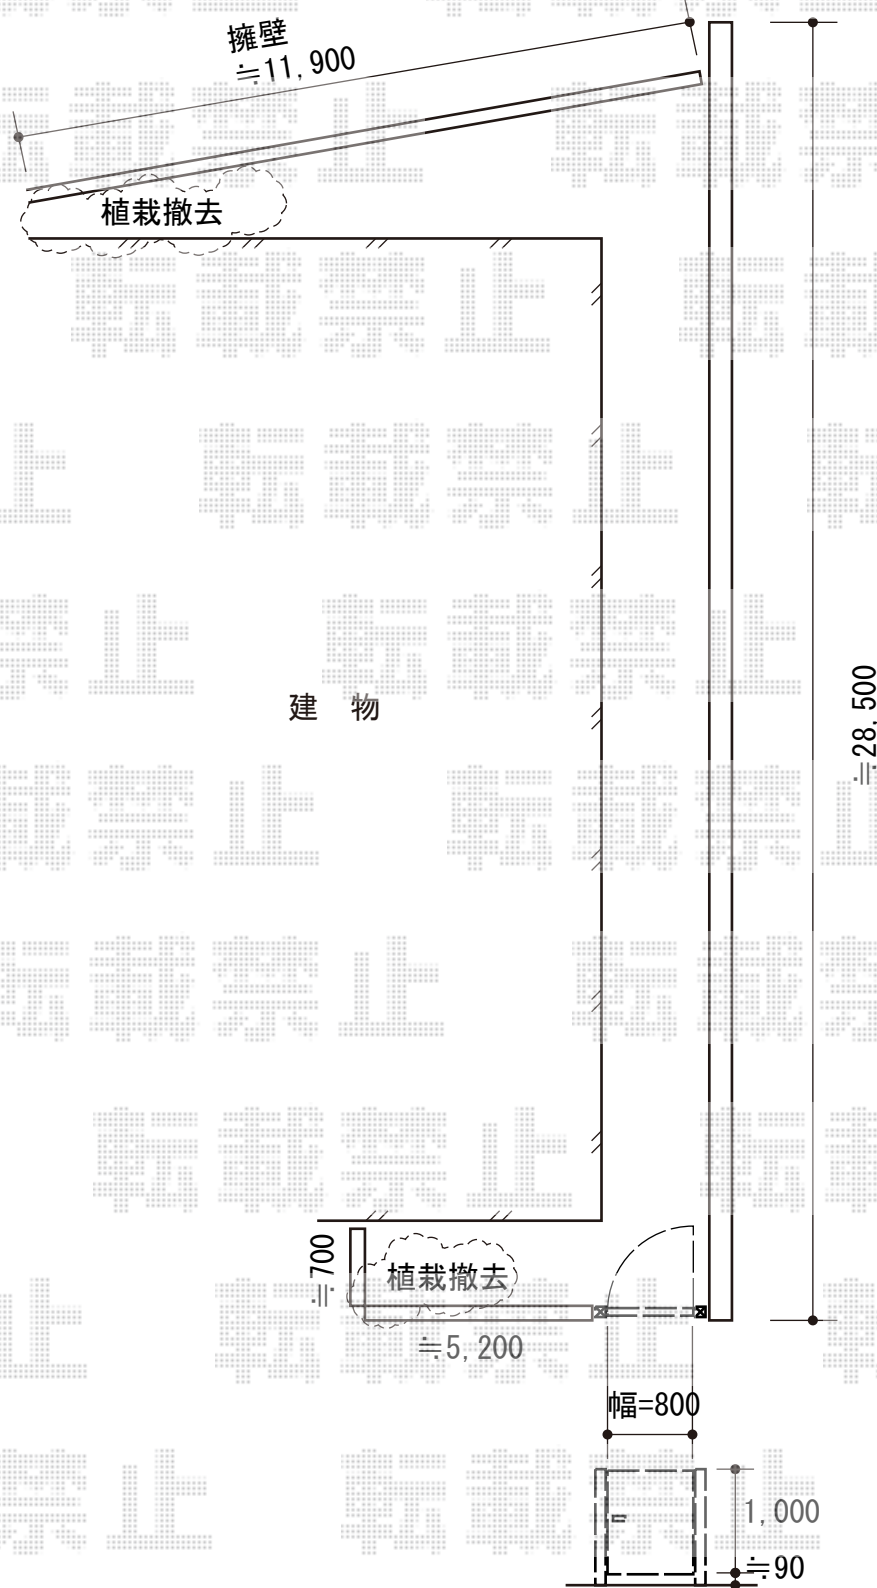

# フェンス・門扉 施工概略図

LIXIL(TOEX) ハイサモア フリーポールタイプ  
 本体1枚(W×H) = (1,972×1,000mm) × 24枚  
 柱: T-10×29本  
 コーナー継手セットA: 1セット  
 エンドキャップA: 3セット  
 色: マイルドブラック

LIXIL(TOEX) プレスタ門扉 2型 細たて桧 片開き 柱使用  
 扉1枚(W×H) = (800mm×1,000mm)  
 色: ブラック  
 錠: シリンダーPB錠  
 開き: 内開き

===============

**Work task:** An answer is complete only when it holds every line above containing the string "TOEX".

**Written answer:**
LIXIL(TOEX) ハイサモア フリーポールタイプ  
LIXIL(TOEX) プレスタ門扉 2型 細たて桧 片開き 柱使用  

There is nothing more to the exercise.